As for building better products, I feel like that's a completely different topic than using AI for productivity gains, but only because at the end of the day you need buy in from upper management in order to build the features/redo existing features/both that will make the product better. I should also mention I'm viewing this from the position of someone who works at an established company and not a startup, so it may differ.
Seniors can adjust, but eg. junior frontend-only devs might be doomed in both situations, as they might not be able to contribute enough to business-critical features to justify their costs and most frontend-related tasks will be taken over by the "10x" seniors.
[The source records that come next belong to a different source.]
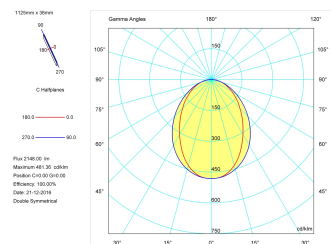

Photometry

Photometry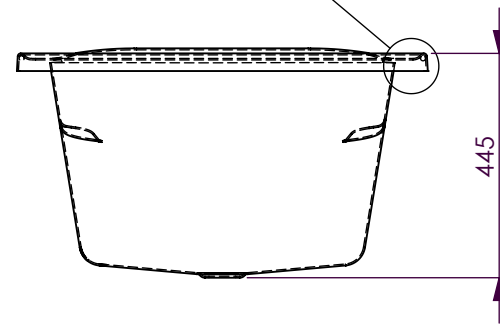

BATH VOLUME (APPROX)	
100mm Below Rim	194 Litres
200mm Below Rim	124 Litres

DECINA BATHROOMWARE  
PRIMA 1520

DECINA BATHROOMWARE CONFIDENTIAL & PROPRIETARY.  
ALL INFORMATION ON THIS DRAWING IS THE PROPERTY OF DECINA BATHROOMWARE.

NOMINAL MEASUREMENTS ONLY - MANUFACTURING TOLERANCE +/- 5mm APPLY

Drawn: S Trood

Scale: 1:15

Sheet: A4

Monday, 29 November 2010

**PRIMA 1520 - DETAILS**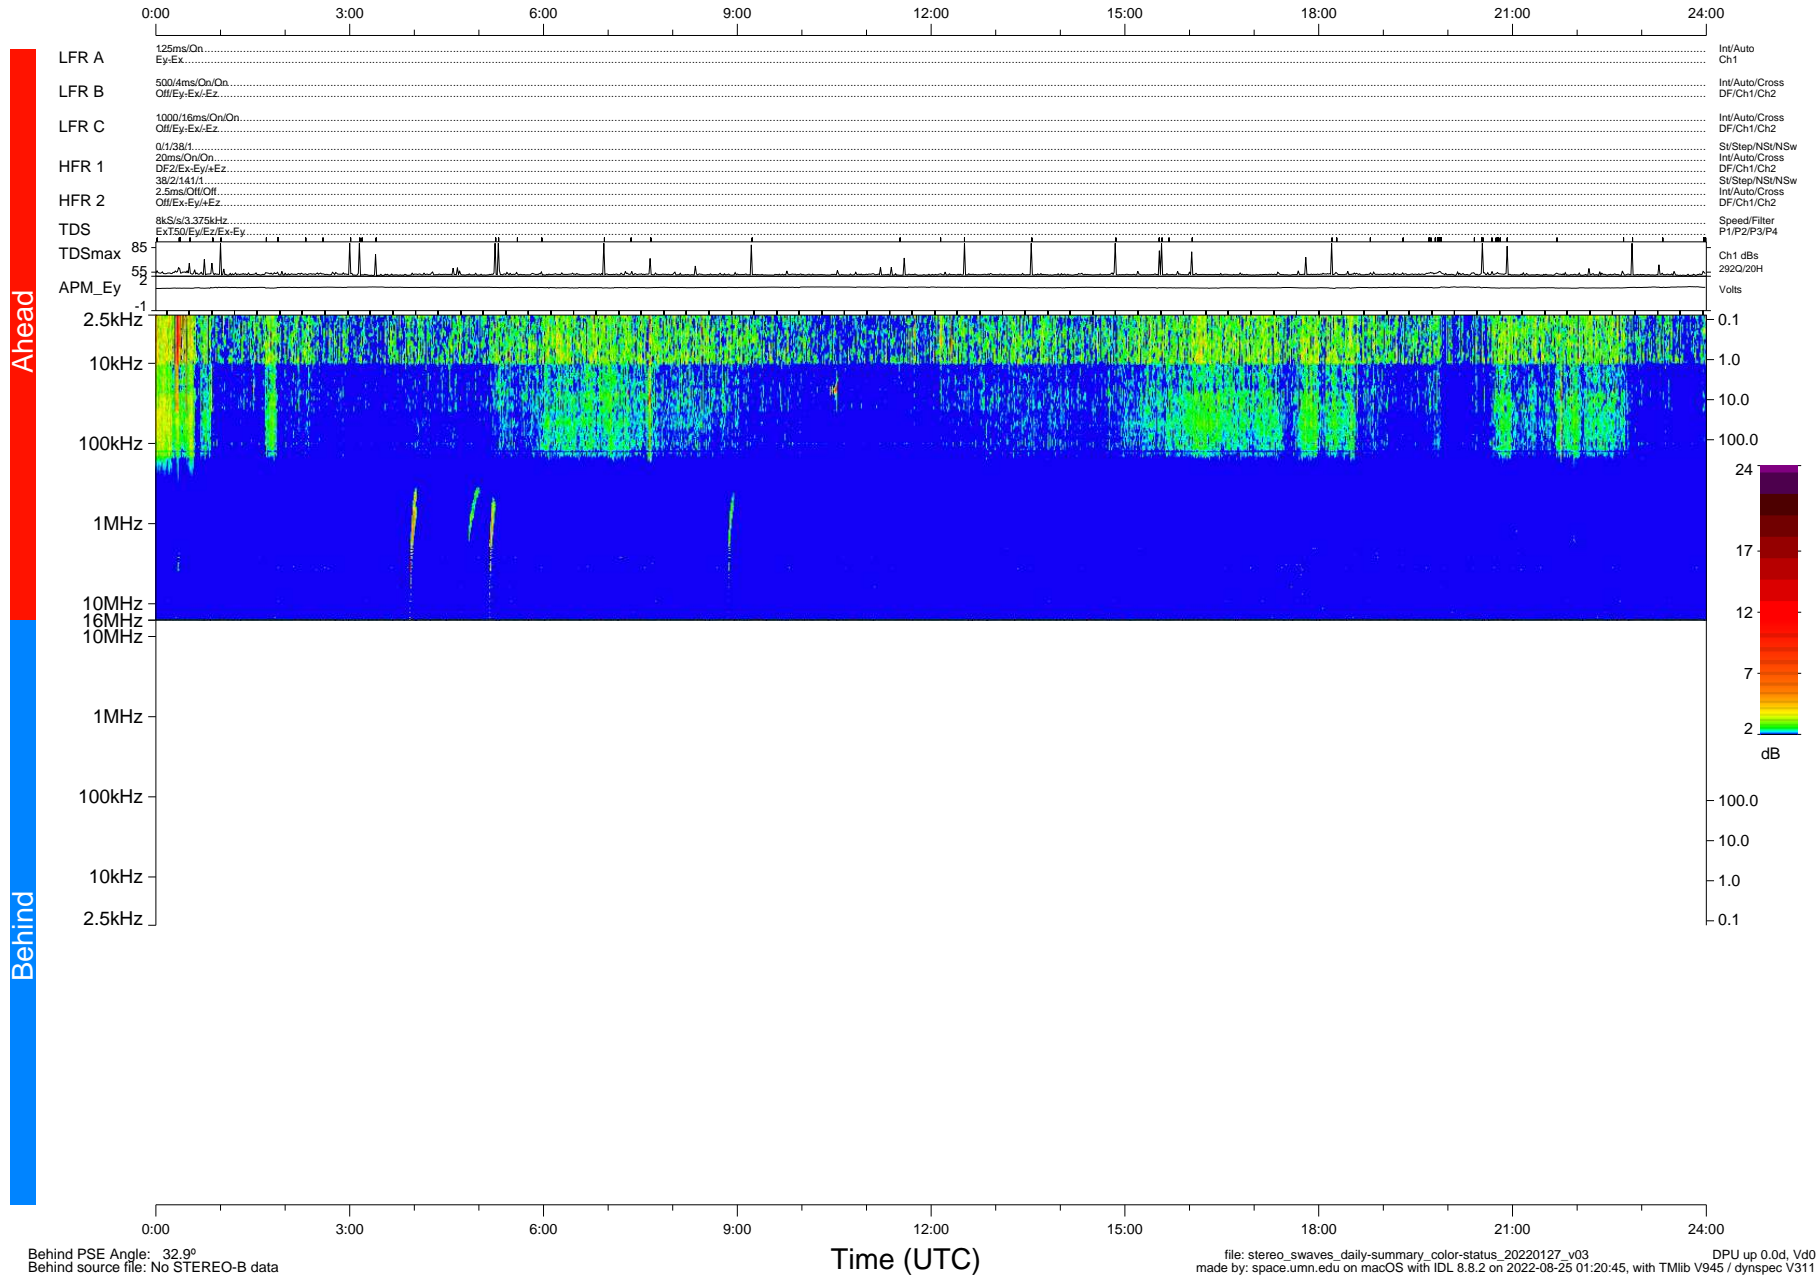

STEREO/WAVES Daily Summary - 27-Jan-2022 (DOY 027)

Ahead source file: swaves_ahead_2022_027_1_05.fin (Recovery: 100.0% HK, 95% Pkts)
 Ahead PSE Angle: -34.9°

DPU up 2395.9d, V412d40

Behind PSE Angle: 32.9°
 Behind source file: No STEREO-B data

Time (UTC)

file: stereo_swaves_daily-summary_color-status_20220127_v03
 made by: space.umn.edu on macOS with IDL 8.8.2 on 2022-08-25 01:20:45, with Tlib V945 / dynspec V311
 DPU up 0.0d, Vd0

If it is a big company the answer is and will always be: whatever makes the stock price rise the most.
Remember sometimes the most productive thing to have is not money or people but time with your ideas.
CTO is rewriting company platform (by himself with AI) and is convinced it's 100x productivity. But when you step back and look at the broader picture, he's rewriting what something like Rails, .NET, or Spring gave us 15-20 years ago? It's just in languages and code styles he is (only) familiar with. That's not 100x for the business, sorry...
you hire more if you are growth and have new ideas just never had the chance to implement them as they were not practical of feasible at that level of tech (non-assisted humans clicking code and taking sick leaves)
Terafab is suddenly making so much sense!